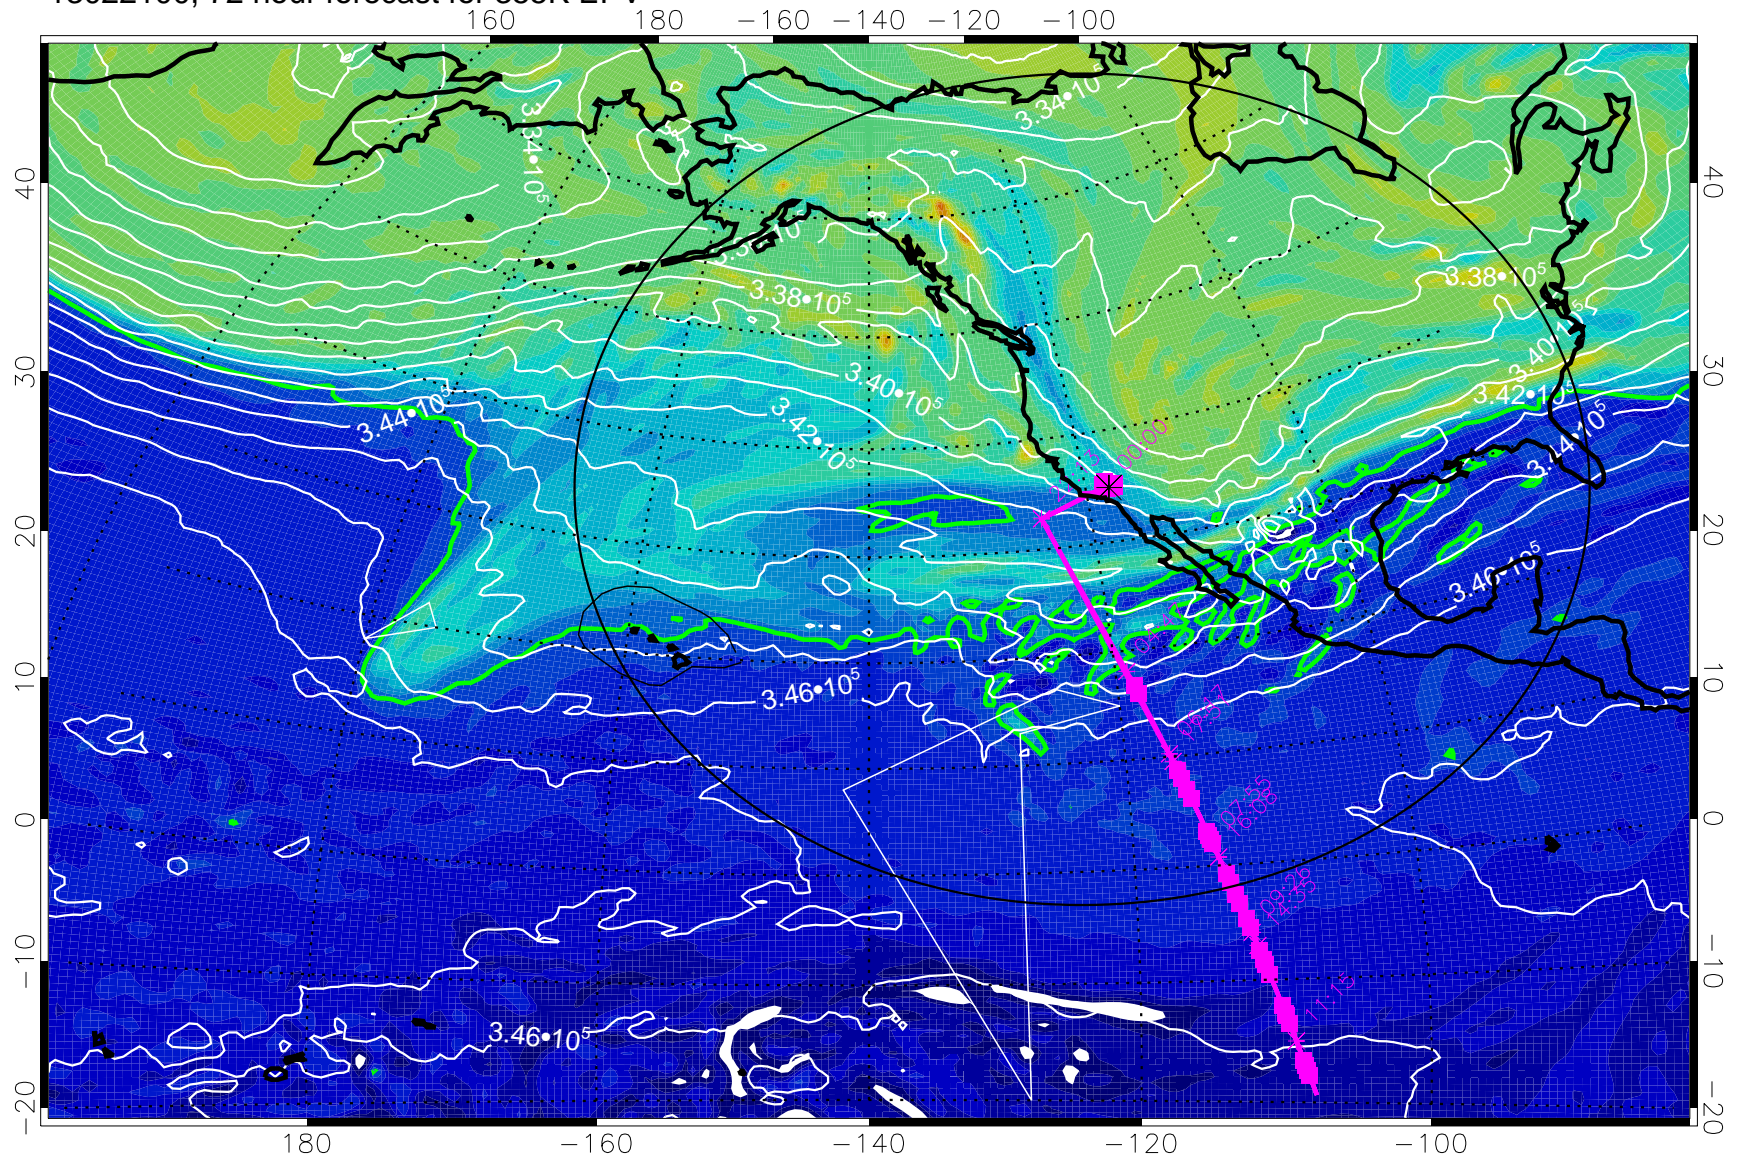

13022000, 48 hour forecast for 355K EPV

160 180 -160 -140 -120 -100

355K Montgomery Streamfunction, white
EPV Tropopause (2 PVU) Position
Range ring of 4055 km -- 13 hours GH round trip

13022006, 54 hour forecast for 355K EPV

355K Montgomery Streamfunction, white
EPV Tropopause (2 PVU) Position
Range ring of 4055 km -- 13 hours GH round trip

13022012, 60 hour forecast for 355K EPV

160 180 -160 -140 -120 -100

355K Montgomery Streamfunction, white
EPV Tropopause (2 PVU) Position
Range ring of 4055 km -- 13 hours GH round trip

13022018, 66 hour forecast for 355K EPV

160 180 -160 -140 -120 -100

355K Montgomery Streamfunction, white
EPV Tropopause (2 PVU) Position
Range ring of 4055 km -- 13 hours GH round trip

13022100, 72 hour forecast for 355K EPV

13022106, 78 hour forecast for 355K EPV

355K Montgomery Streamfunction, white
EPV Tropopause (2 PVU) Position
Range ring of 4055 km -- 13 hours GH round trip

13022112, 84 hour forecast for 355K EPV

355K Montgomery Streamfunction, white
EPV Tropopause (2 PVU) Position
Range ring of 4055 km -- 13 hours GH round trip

> [Problem to solve]: Leave every image out and retype the entries above word for word.

> [Task answer]:
13022000, 48 hour forecast for 355K EPV

160 180 -160 -140 -120 -100

355K Montgomery Streamfunction, white
EPV Tropopause (2 PVU) Position
Range ring of 4055 km -- 13 hours GH round trip

13022006, 54 hour forecast for 355K EPV

355K Montgomery Streamfunction, white
EPV Tropopause (2 PVU) Position
Range ring of 4055 km -- 13 hours GH round trip

13022012, 60 hour forecast for 355K EPV

160 180 -160 -140 -120 -100

355K Montgomery Streamfunction, white
EPV Tropopause (2 PVU) Position
Range ring of 4055 km -- 13 hours GH round trip

13022018, 66 hour forecast for 355K EPV

160 180 -160 -140 -120 -100

355K Montgomery Streamfunction, white
EPV Tropopause (2 PVU) Position
Range ring of 4055 km -- 13 hours GH round trip

13022100, 72 hour forecast for 355K EPV

13022106, 78 hour forecast for 355K EPV

355K Montgomery Streamfunction, white
EPV Tropopause (2 PVU) Position
Range ring of 4055 km -- 13 hours GH round trip

13022112, 84 hour forecast for 355K EPV

355K Montgomery Streamfunction, white
EPV Tropopause (2 PVU) Position
Range ring of 4055 km -- 13 hours GH round trip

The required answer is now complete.